▶ [Exercise brief]:
Could you please retype the records exactly, minus their pictures?

Source records
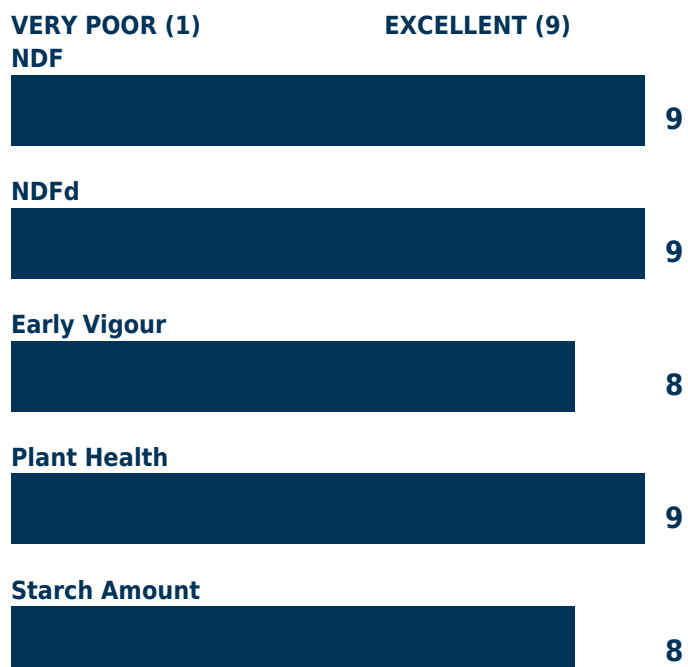

Position at moderate populations; north and south of adapted maturity zone.

Management Tip - adjust ration to account for increased starch digestibility.

FEATURES

CHU: 2750 RM: 91  NEW PRODUCT

TRAITS AND TECHNOLOGY

Roundup Ready® Corn 2

PRODUCT CHARACTERISTICS

Final Population	27-30
CHU 50% Silk	1614
Emergence	Very Good
Flowering	Medium
Anther Colour	Pink
Glume Colour	Pink
Silk Colour	Purpling
Ear Height	Medium
Leaf Angle	Semi-Upright

Starch Availability

Plant Disease Rating

PLANT HEIGHT

EAR CHARACTERISTICS

Ear Type	Flex
Kernel Texture	Very Soft
Cob Colour	White
Husk Cover	Adequate
Shank Length	Medium
Harvest Position	Semi-Upright

▶ [Result of this task]:
Position at moderate populations; north and south of adapted maturity zone.

Management Tip - adjust ration to account for increased starch digestibility.

FEATURES

CHU: 2750 RM: 91  NEW PRODUCT

TRAITS AND TECHNOLOGY

Roundup Ready® Corn 2

PRODUCT CHARACTERISTICS

Final Population	27-30
CHU 50% Silk	1614
Emergence	Very Good
Flowering	Medium
Anther Colour	Pink
Glume Colour	Pink
Silk Colour	Purpling
Ear Height	Medium
Leaf Angle	Semi-Upright

Starch Availability

Plant Disease Rating

PLANT HEIGHT

EAR CHARACTERISTICS

Ear Type	Flex
Kernel Texture	Very Soft
Cob Colour	White
Husk Cover	Adequate
Shank Length	Medium
Harvest Position	Semi-Upright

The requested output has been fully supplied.